Send the Client ID and UTM Parameters to Your CRM with Form Submission

Published · Tags: GTM, Google Analytics, CRM, Salesforce, Client ID, UTM Parameters, Form Submission, Window Loaded Trigger

Salesforce describes connecting lead data to Google Analytics in general terms in "Google Analytics Audience Activation," and Google adds more specifics in its support article "Configure the Google Analytics Salesforce Sales Cloud integration." Neither addresses UTM campaign parameters, and neither addresses what happens when the form isn't the site's landing page. Connecting a Salesforce lead back to the incoming web campaign — down to the specific digital placement — is pivotal to knowing whether your advertising spend is actually working. This applies equally to lead generation through any CRM, not just Salesforce.

Part One: UTMs Already Solved

The first piece of this puzzle is passing UTM campaign parameters from the site's landing page to a contact or lead form that might be several pages further down the visitor's session journey. That problem is already solved in an earlier post, "Pass UTM URL Query Marketing Parameters to Contact / Lead Form." Read that piece first — what follows assumes the UTM values are already available to the form.

Part Two: Getting the Anonymous Client ID Into the Form

The next piece is getting the anonymous browser client ID into the form, and from there into the CRM. So what exactly is an anonymous browser client ID? In GA4, it's the value GA4 stores in the _ga first-party cookie — a random number paired with a timestamp. It's unique to the site visited, isn't shared across sites, and expires according to that cookie's own expiration rules. It does not identify an actual person in any way.

A note on the original technique: the original version of this post read the client ID with ga.getAll()[0].get('clientId') — the Universal Analytics tracker object's getAll() method. Universal Analytics has since been fully sunset by Google, and that API no longer exists on a GA4-only property. The corrected, GA4-appropriate approach below reads the client ID straight out of the _ga cookie instead, using a GTM 1st-Party Cookie variable rather than a tracker object call.

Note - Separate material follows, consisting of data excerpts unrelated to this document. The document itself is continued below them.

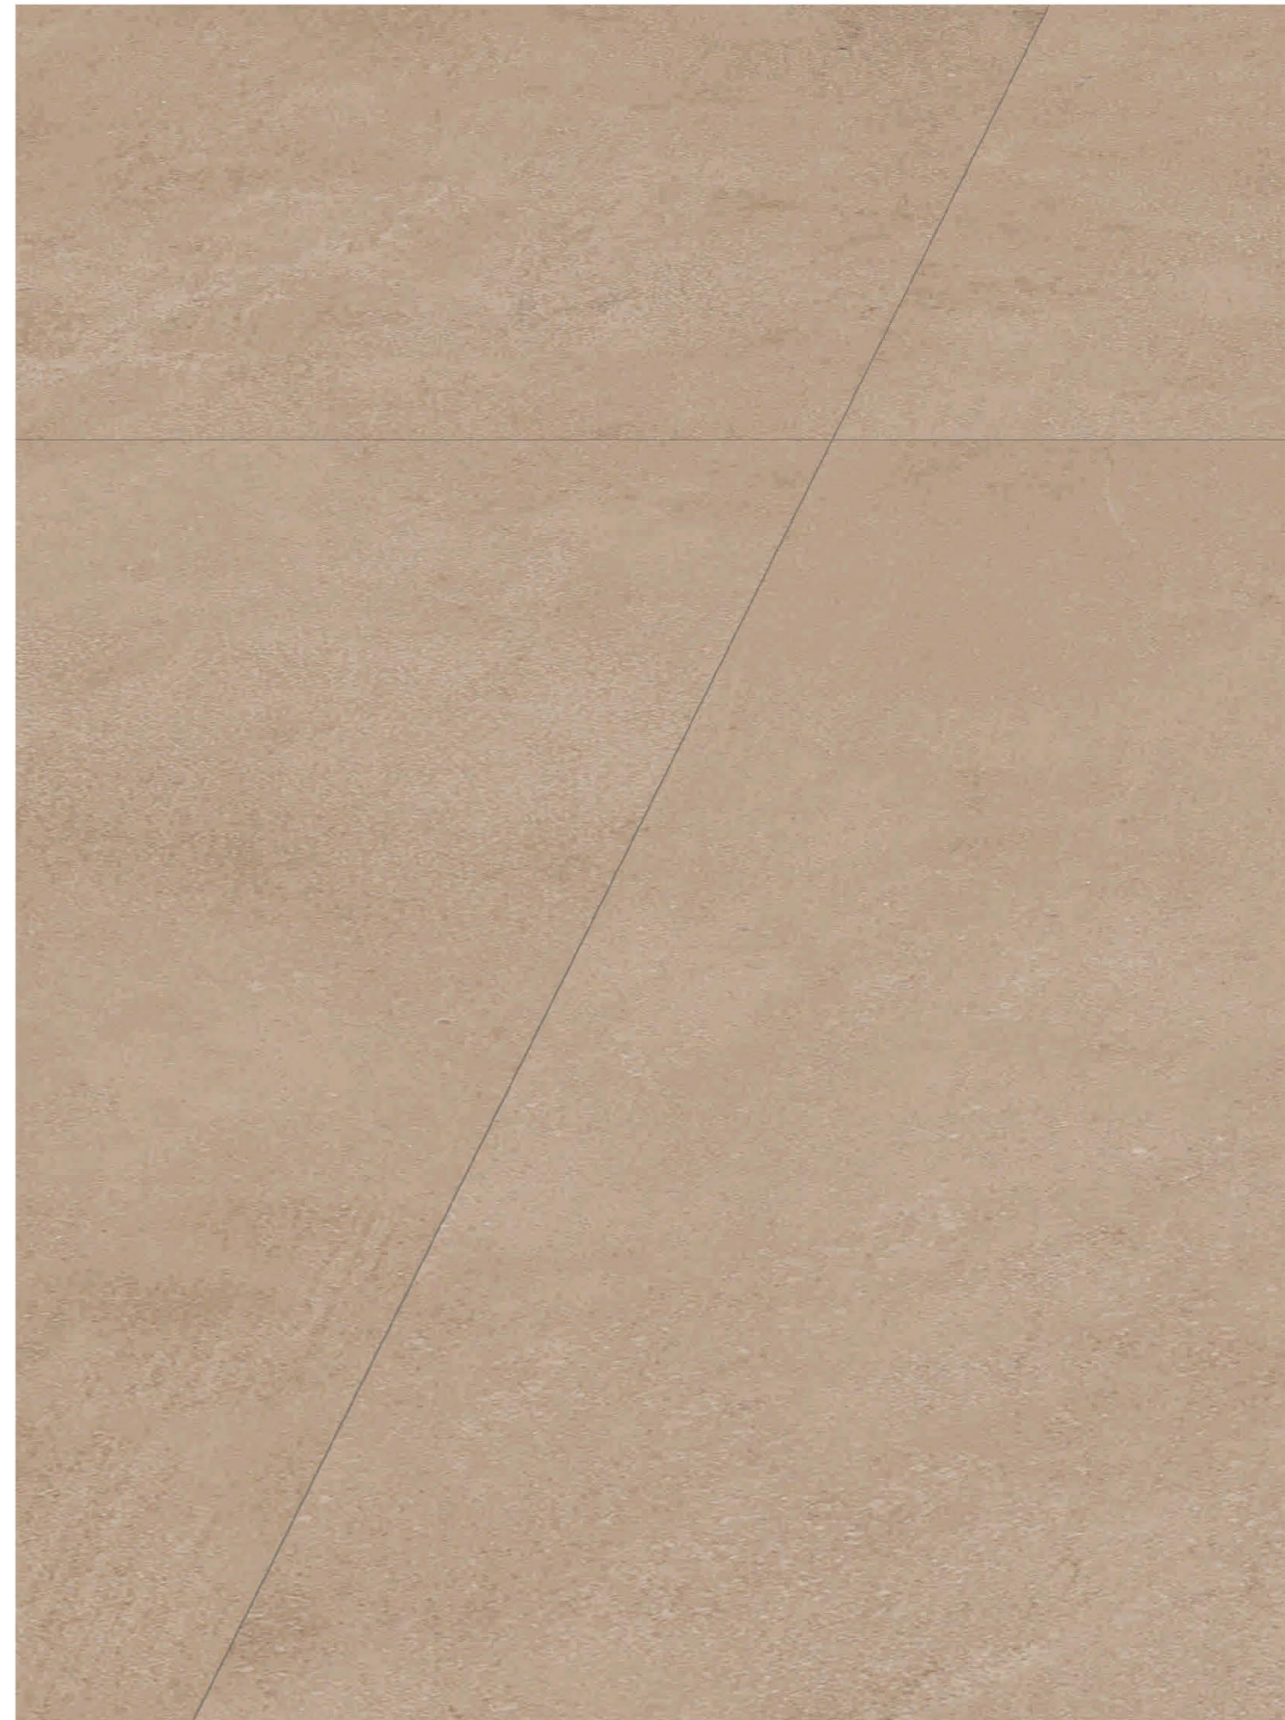

# Grace Natural

3 RANDOM FACES

600x  
1200mm

Surface  
Matt

RESIDENTIAL COMMERCIAL

WALL FLOOR
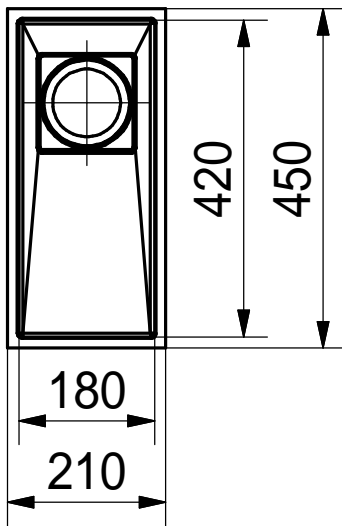

DT

Drawing No.	0056-191348	Revision	
Drawn Date	31.08.2010		
These drawings and specifications are the property of NIRO-Plan AG and shall not be reproduced, copied or transferred to any third party without the prior written permission of NIRO-Plan AG, Aarburg, Switzerland			

Franke Küchentechnik AG
CH-4663 Aarburg
Phone: +41 62 787 31 31
Internet : www.franke.com

PKX 110-18 3.5"
installing document

Sheet	Sheets
5	6
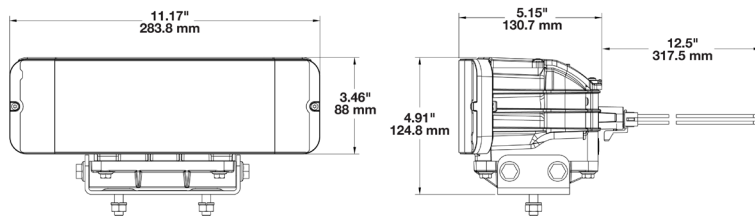

Part No.	Description
0555743	Kit of 2 Heated 12-24V LED Headlights

Reading the GA4 Client ID From the _ga Cookie

Create a GTM 1st-Party Cookie variable named, for example, {{Anonymous Browser Client ID Cookie}}, configured to read the _ga cookie. The full _ga value looks something like GA1.1.1234567890.1700000000; only the last two dot-delimited segments are technically the client ID, but there's no harm in passing the entire string through to the CRM if you'd rather not parse it apart.

For the property identifier, GA4 doesn't have a single "tracking ID" the way Universal Analytics did — instead, create a GTM Constant or Custom JavaScript variable, for example {{GA4 Measurement Stream ID}}, holding the Measurement ID for the relevant GA4 data stream (formatted like G-XXXXXXX).

With those two variables in place, the field-population script collapses to a single Custom HTML tag with no tracker object dependency at all:

<script>
document.querySelector('input[data-sc-field-name="lead_id"]').value = {{Anonymous Browser Client ID Cookie}};
document.querySelector('input[data-sc-field-name="property_id"]').value = {{GA4 Measurement Stream ID}};
</script>

The genuinely tricky part of this whole recipe isn't the JavaScript — it's knowing how your own web developers identified these fields on the form. What attribute or selector will actually match your hidden fields? That detail is implementation-specific and worth confirming with whoever built the form before you wire this tag up.

A Trigger Gotcha: Confirm the Cookie Is Already Set

The original Universal Analytics version of this recipe called out a Window Loaded trigger requirement, because the ga.getAll() tracker object wasn't guaranteed to be populated on a Pageview or DOM Ready trigger. With GA4, the situation is different: the _ga cookie is typically set as soon as the GA4 configuration tag fires, which usually happens well before Window Loaded.

That said, the safest practice is still to trigger this field-population tag after the GA4 configuration tag has actually fired and the _ga cookie has been written — either by sequencing this tag to fire after the GA4 tag (using tag sequencing in GTM), or by triggering on the visibility of the form itself, which by the time it appears has almost always outlasted the GA4 initialization. Avoid relying on a bare Pageview trigger fired before any tags have had a chance to run.

That's It

With UTMs already solved by the earlier post and the client ID now landing in the form via a Window Loaded trigger, you have everything needed to evaluate the success of your marketing campaigns based on the actual quality of the leads your CRM reports back — not just on click or impression volume.

For another solid treatment of this same general topic, see "Salesforce Sales Cloud Data into Google Analytics 360" by Bounteous. It predates this post by several years, and was only discovered afterward.